> _Brief_: Word for word, copy the line containing "20mm SilkSurface Top with White Gloss Above" and each line after it in the records below, ending with the last line.

> _Stored dataset items_:
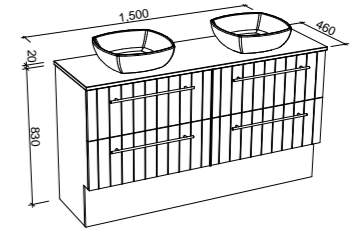

CABINET WITH	SKU	RRP
20mm SilkSurface Top with White Gloss Above Counter Ceramic Basin	HEN-V-1500-D-SSA-F	$5,238
20mm SilkSurface Top with White Gloss Under Counter Ceramic Basin	HEN-V-1500-D-SSU-F	$5,238
20mm Stone Top with White Gloss Above Counter Ceramic Basin	HEN-V-1500-D-STA-F	$5,586
20mm Stone Top with White Gloss Under Counter Ceramic Basin	HEN-V-1500-D-STU-F	$6,154
No Top	HEN-VCO-1500-D-X-F	$3,301

> _Answer below_:
20mm SilkSurface Top with White Gloss Above Counter Ceramic Basin	HEN-V-1500-D-SSA-F	$5,238
20mm SilkSurface Top with White Gloss Under Counter Ceramic Basin	HEN-V-1500-D-SSU-F	$5,238
20mm Stone Top with White Gloss Above Counter Ceramic Basin	HEN-V-1500-D-STA-F	$5,586
20mm Stone Top with White Gloss Under Counter Ceramic Basin	HEN-V-1500-D-STU-F	$6,154
No Top	HEN-VCO-1500-D-X-F	$3,301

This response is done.